As an Islamic Estate Planning Attorney, I am interested in family dynamics. A particular set up dynamics may come up when a family member decides to leave Islam. If you are a believing Muslim parent, part of your worship to Allah is how you raise your children. You obviously hope, pray and actively work for them being Muslim as they grow up, and carrying forward your values, at least the best of you. Islam is important to you, at least I am assuming this since you are here.
This is where family dynamics come in. See, many parents are disappointed with their grown children. Many grown children are similarly disappointed with their parents (or sometimes one of them). Sure, a parent’s angst may have to do with who they married (this happens frequently); it may have to do with their chosen profession (less likely a problem).
The most tragic disappointment for many parents, though usually does not result in a cut-off of relations (and never should!), is when an adult child decides Islam is not for them.
A murtad (the word for someone who leaves Islam) child can bring an enormous sense of loss to parents. Where did they go wrong, they will wonder.
Of course, I often think about my clients or people related to my clients, colleagues, and others. Muslim families can be quite impressive. As a parent myself, I wonder about what the secret sauce is for raising successful children. By successful, I do not mean in terms of social status or wealth. Those are cool too. I mean their values.
I have come across a few situations:
- A mother is on her deathbed. One son is trying to get his mother to say the shahadah. The other is on the other side of her bed, trying to get her to accept Jesus Christ as her Lord and savior. She cannot speak on her deathbed.
- An older man needs to disinherit his child because his son, who has reached midlife with Muslim children and a Muslim wife, decides to leave Islam.
- A “confirmed bachelor” made his life in America through old age but is barely in touch with his family. He leaves very little to them (he does not have to follow the Islamic Rules of Inheritance), giving most to charity. He wants to be buried the “Muslim way”- not as a Muslim, mind you, but quickly. Nobody is better at burial than Muslims.
You [Prophet] cannot guide everyone you love to the truth; it is God who guides whoever He will: He knows best those who will follow guidance. -Quran 28:56.

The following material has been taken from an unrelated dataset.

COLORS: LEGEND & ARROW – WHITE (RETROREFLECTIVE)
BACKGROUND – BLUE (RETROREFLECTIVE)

Prophets failed to penetrate the hearts of their family members and tribes before. This scenario happened over and over again. Guidance comes from Allah. No Prophet of Allah, no king or dictator, can guide anyone Allah has not chosen for guidance. No matter how gifted a parent or how many books, blog posts, YouTube videos, or parenting seminars, you may not be able to change your child’s path. Of course, you do the best you can. Parenting with Ihsan is part of our worship of Allah. Some do this very well and are thriving. Some do this horribly and make lots of mistakes, yet somehow end up with exceptional Muslim adult children.
Our journey is not about other people, even if those other people are your kin. It is about you and how you fulfill your responsibilities (which includes the Islamic Rules of Inheritance, by the way). You should also know that failure to be a Muslim does not mean a family member is a bad person; misguided people can be charming, polite, and perhaps successful in every other way. They can be good to their parents and their community. As tragic as it may be to have a family member who left Islam, remember these three principles:
Principle 1: Never, ever, ever cut off family ties. That does not mean you need to be in touch all the time, lend money whenever asked, or put up with verbal or physical abuse. It does mean you should leave a door open. Your relationship with your family is part of your worship.

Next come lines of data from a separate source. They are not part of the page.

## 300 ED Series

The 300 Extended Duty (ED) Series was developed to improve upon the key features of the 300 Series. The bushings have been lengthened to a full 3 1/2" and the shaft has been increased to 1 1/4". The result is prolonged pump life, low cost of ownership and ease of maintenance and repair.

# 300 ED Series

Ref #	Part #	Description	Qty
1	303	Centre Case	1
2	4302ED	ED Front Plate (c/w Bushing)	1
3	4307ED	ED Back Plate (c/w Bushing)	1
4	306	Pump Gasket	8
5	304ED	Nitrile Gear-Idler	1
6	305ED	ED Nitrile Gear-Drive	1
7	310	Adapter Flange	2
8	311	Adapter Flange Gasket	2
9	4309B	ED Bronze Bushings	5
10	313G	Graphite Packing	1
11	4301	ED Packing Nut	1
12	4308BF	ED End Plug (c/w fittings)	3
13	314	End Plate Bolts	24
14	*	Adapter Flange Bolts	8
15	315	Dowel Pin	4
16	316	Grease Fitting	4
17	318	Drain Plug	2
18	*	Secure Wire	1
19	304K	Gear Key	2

Principle 2: Non-Muslims do not get an inheritance in Islam. In many instances, parents simply assume their children are non-Muslim. It may be because of some “statement of Kufr” or things other family members said. It is often because of something else, like who they married or political views (plenty of shockingly bad things are not necessarily kufr).
Principle 3: There are other ways to pass on wealth to Non-Muslim family members. A lifetime gift is one; Wasiyyah is another.